Entinostat, an HDAC inhibitor developed by EOC Pharma, was approved in April 2024 for use in combination with aromatase inhibitors in the treatment of HR+/HER2- locally advanced or metastatic breast cancer that has recurred or progressed after endocrine therapy. Compared to other HDAC inhibitors, this drug selectively inhibits class I HDAC enzymes and features a longer half-life. Its structure is quite similar to Chidamide (Chipscreen).

VII. Crisugabalin Besilate

Crisugabalin Besilate, a third-generation central nervous system calcium channel modulator developed by Haisco, was approved in May 2024. As a γ-aminobutyric acid (GABA) analogue, it is indicated for the treatment of diabetic peripheral neuropathic pain in adults. This drug is characterized by a relatively unique tricyclic structure.

VIII. Rezivertinib

IX. Rilertinib

Rezivertinib, developed by Beta Pharma and approved in May 2024, and Rilertinib, developed by Sanhome and approved in 2024, are both third-generation EGFR inhibitors indicated for the treatment of locally advanced or metastatic non-small cell lung cancer (NSCLC) in adults who are positive for the EGFR T790M mutation. The structures of these two drugs are strikingly similar, and they belong to a group of structurally related compounds that trace back to Osimertinib, which was launched in 2015.

X. Golidocitinib

Golidocitinib, a highly selective JAK1 inhibitor developed by Dizal Pharma, was approved in June 2024 for the treatment of adult patients with relapsed or refractory peripheral T-cell lymphoma (r/r PTCL) who have received at least first-line systemic therapy. Although several JAK1 inhibitors are available on the market, their selectivity often remains suboptimal. Golidocitinib stands out as one focusing on tumor therapy, while current research mainly emphasizes anti-inflammatory applications.

XI. Cofrogliptin

XII. Sentagliptin

XIII. Fultagliptin

Cofrogliptin (developed by Haisco and approved in June 2024), Sentagliptin (developed by CGeneTech and approved in December 2024), and Fultagliptin (developed by Salubris and approved in July 2024) are all DPP-4 inhibitors used to improve glycemic control in adult patients with type 2 diabetes mellitus (T2DM).
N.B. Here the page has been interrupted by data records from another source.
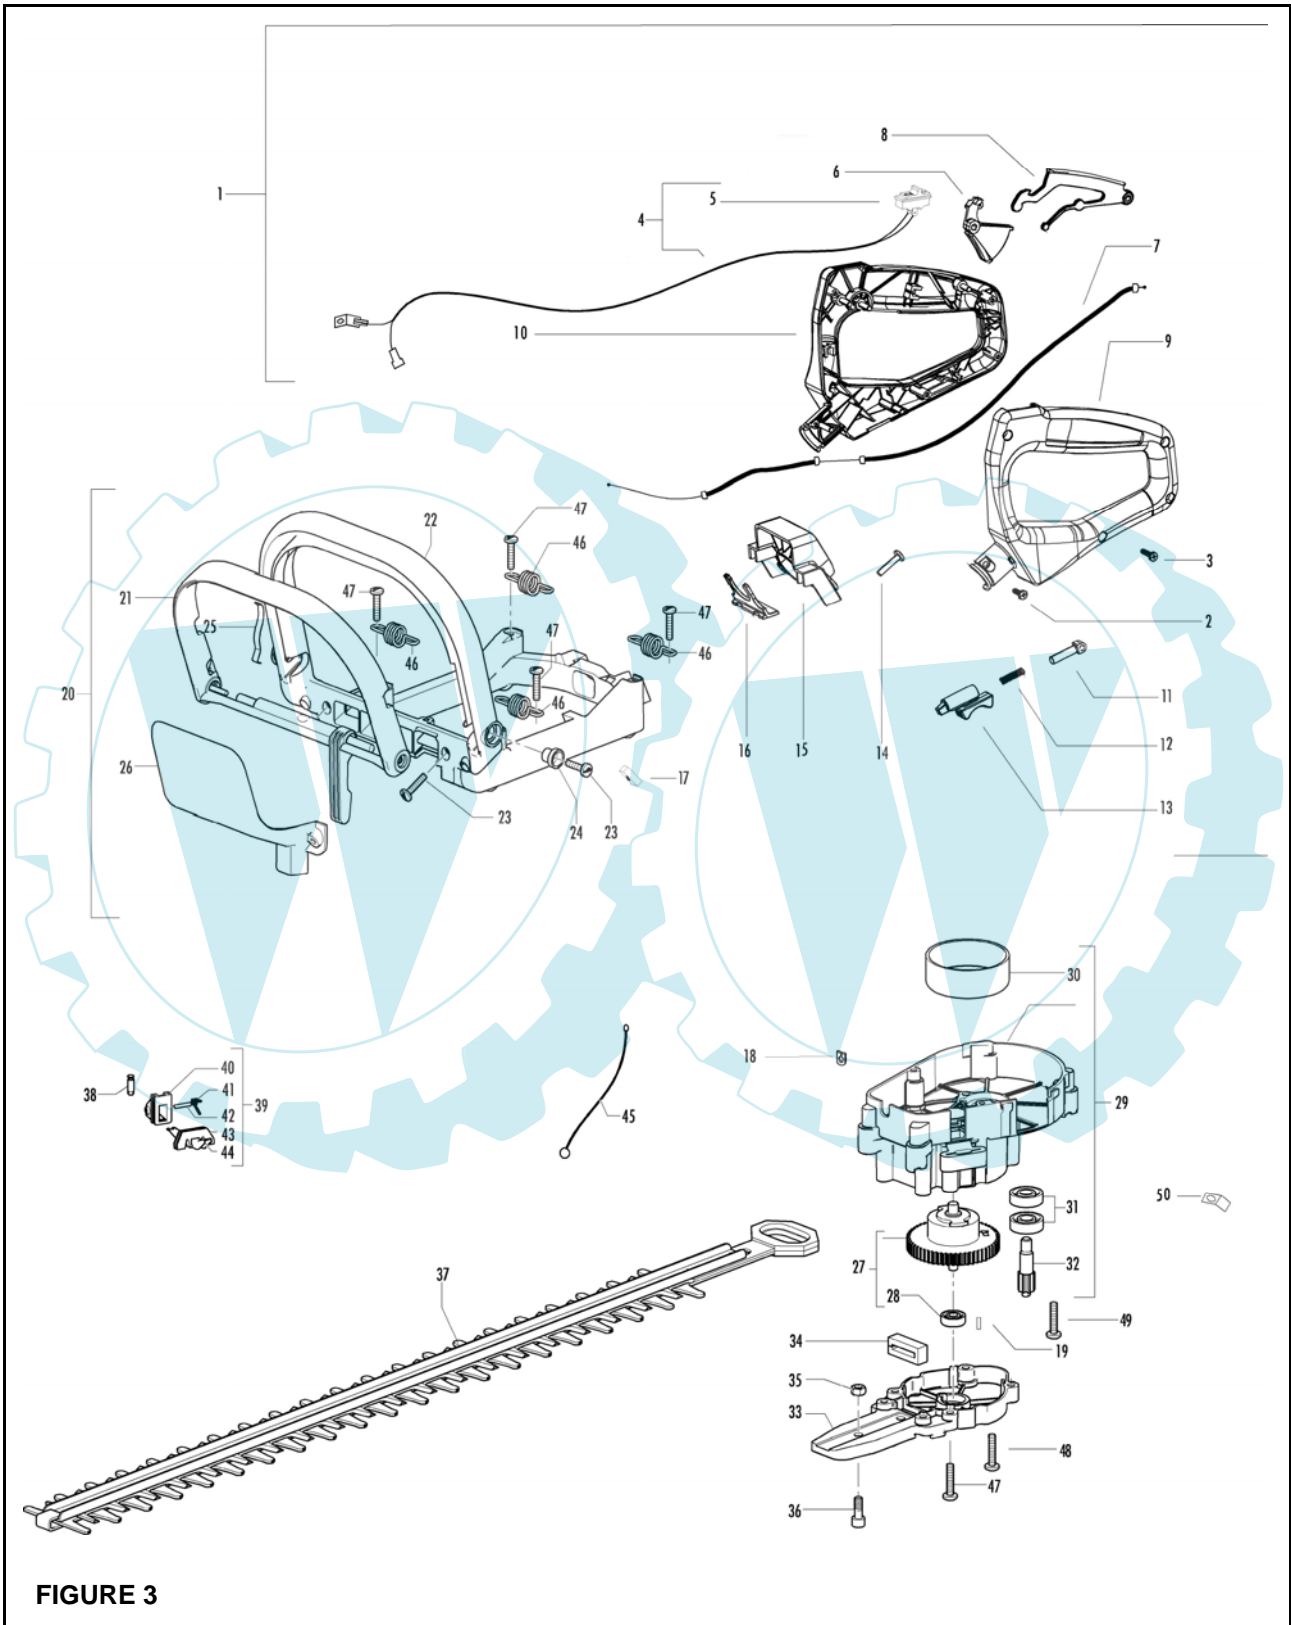

FIGURE 3

 **The Electrolux Group. The world's No.1 choice.**

Item	P/N McC	P/N ELX	Qty	DESCRIPTION	Item	P/N McC	P/N ELX	Qty	DESCRIPTION
<b>FIGURE 3</b>									
1	242276	538242276	1	rear handle ass'y	C 45	242494	538242494	1	gas wire
2	• 241077	538241077	1	screw, self thread.,4x14	C 46	242307	538242307	4	spring
3	• 240862	538240862	4	screw, self thread.,8x14	47	111117	538111117	14	screw 10-14X1"
4	• 242495	538242495	1	wires ass'y	48	218644	538218644	2	screw 10-14X.75
C 5	•• 242439	538242439	1	switch	49	241963	538241963	4	screw M4x22
6	• 242277	538242277	1	throttle trigger	50	228139	538228139	1	fast-on
C 7	• 242496	538242496	1	safety cable					
8	• 242278	538242278	1	safety lever					
9	• 242273	538242273	1	handle, left half					
10	• 242272	538242272	1	handle, right half					
11	• 242282	538242282	1	handle lock piston					
12	• 242346	538242346	1	spring					
13	• 242280	538242280	1	handle lock					
14	242988	538242988	2	screw M5x25					
15	242283	538242283	1	rear handle housing					
16	242284	538242284	1	rear handle flange					
17	229524	538229524	2	nut					
18	236322	538236322	1	wires protection					
19	242493	538242493	1	pin					
20	248911	538248911	1	frame ass'y					
21	• 242300	538242300	1	safety handle					
22	• 242987	538242987	1	frame					
23	• 111117	538111117	4	screw 10-14x1					
24	• 242305	538242305	2	bush					
25	• 242306	538242306	2	spring					
C 26	• 242286	538242286	1	front handle protection					
27	242430	538242430	1	blades brake ass'y					
28	00216404	538216404	1	bearing					
C 29	242275	538242275	1	clutch cover ass'y					
30	• 242310	538242310	1	clutch drum					
31	• 235897	538235897	2	bearing 6000 2RS					
32	• 242312	538242312	1	gear					
33	242302	538242302	1	gear box cover					
B 34	242314	538242314	1	felt shield					
35	235912	538235912	2	M6 nut					
36	236527	538236527	2	screw M6x16					
37	242497	538242497	1	blades ass'y					
38	242329	538242329	1	pin					
39	242318	538242318	1	brake coupling ass'y					
40	• 242301	538024230	1	blade brake support					
41	• 242321	538242321	1	spring					
42	• 242319	538242319	1	pin					
43	• 242316	538242316	1	cable guide					
44	• 242320	538242320	1	blade brake lever					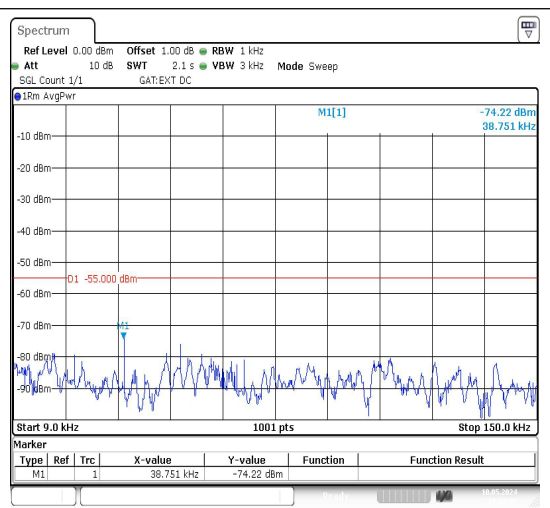

Date: 10.MAY.2024 18:57:30

Band38\_15MHz\_QPSK\_38175\_1RB#0\_20000~27000\_20000~27000

Date: 10.MAY.2024 18:58:06

Band38\_15MHz\_16QAM\_38175\_1RB#0\_0.009~0.15\_0.009~0.15

Date: 10.MAY.2024 18:58:26

Band38\_15MHz\_16QAM\_38175\_1RB#0\_0.15~30\_0.15~30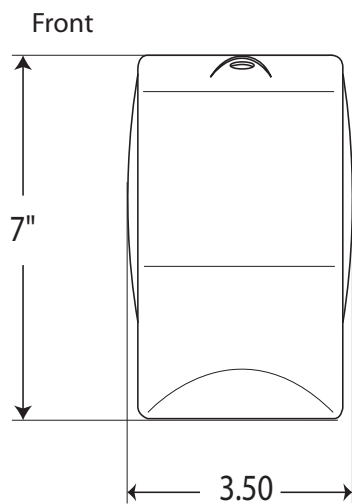

Georgia-Pacific™ Air Freshener Dispenser specification and mounting sheet

Gel Tub Loading:

1. Remove pull tab cover on gel tub by pulling round tab up and out.
2. Place gel tub on the bottom two support ribs. **Note:** the gel tub must be placed in open end up.
3. Close cover

Overall Dimensions:
Dispenser: 3.5" W x 7" H x 3.75" D

Overall Weight:
Dispenser: 0.56 lbs (0.3kg)

Capacity / Refill:
30 grams of Pacific Garden™ air freshener gel product.

Specifications:

For SKU # 53256, 53257 & 53287, the cover of the dispenser is constructed of high impact acrylic. For SKU # 53258, the cover of the dispenser is constructed of ABS with a decorative metal applique on the front surface. The back housing of the dispenser is constructed of ABS. The dispenser operates with 1 D-cell alkaline battery.

Mounting:

Position dispenser so the bottom is at least 7' from the floor. Remove backing from the adhesive tape and apply firm pressure. Screws can also be installed if additional support is required.

For questions or comments, please call
1-866-HELLO GP (435-5647)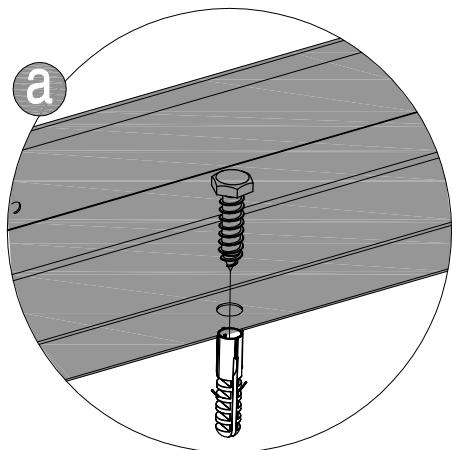

SAV.HABITATETJARDIN.COM

1	 VA-F2L [x2] 1660mm	 VA-F2R [x2] 1880mm	 VA-G1R [x1] 1132mm	 VA-G1L [x1] 1132mm	 VA-G3L [x1] 377mm	 VA-G3R [x1] 377mm	 VA-G4 [x1] 1588mm	 VA-E2M [x2] 120mm	 VA-30 [x4]	 VA-T44 [x28] 13mm
----------	--	--	--	--	---	---	--	---	---	---

2

2

<p>3</p>	<p>PB1 [x1] 876x1840mm</p> 	<p>VA-C7R [x1] 1860mm</p> 	<p>CN-A33</p> 	
-----------------	--	---	---	---

4	 PC4 [x1] 743x1100mm	 VA-T45 [x9] 19mm	 CN-A33	
----------	---	--	---	---

5	 VA-C7L [x1] 1860mm	 PB1 [x1] 876x1840mm	 PC4 [x1] 743x1100mm	 VA-T45 [x9] 19mm	 CN-A33	
----------	--	---	---	--	---	---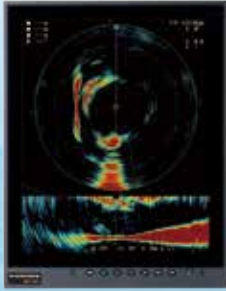

SXGA (1280 x 1024)

Cofrogliptin is derived by introducing a trifluoromethyl group into Omarigliptin. Sentagliptin is produced by introducing a methyl group into Sitagliptin, and Retagliptin (Hengrui Pharmaceuticals) shares a similar structure. Fultagliptin has a structural similarity to both Alogliptin and Trelagliptin.

XIV. Fulzerasib

XV. Garsorasib

Fulzerasib (a KRAS G12C inhibitor developed by Innovent Biologics and GenFleet Therapeutics and approved in August 2024) and Garsorasib (a KRAS G12C inhibitor developed by CTTQ and approved in November 2024) are both intended for the treatment of advanced non-small cell lung cancer (NSCLC) in adult patients with KRAS G12C mutations. From a structural perspective, both drugs are derivatives of Sotorasib.

The harsh winter will inevitably pass as the industry continues to grow. We hope that Chinese companies will evolve from being followers to becoming pioneers in the future.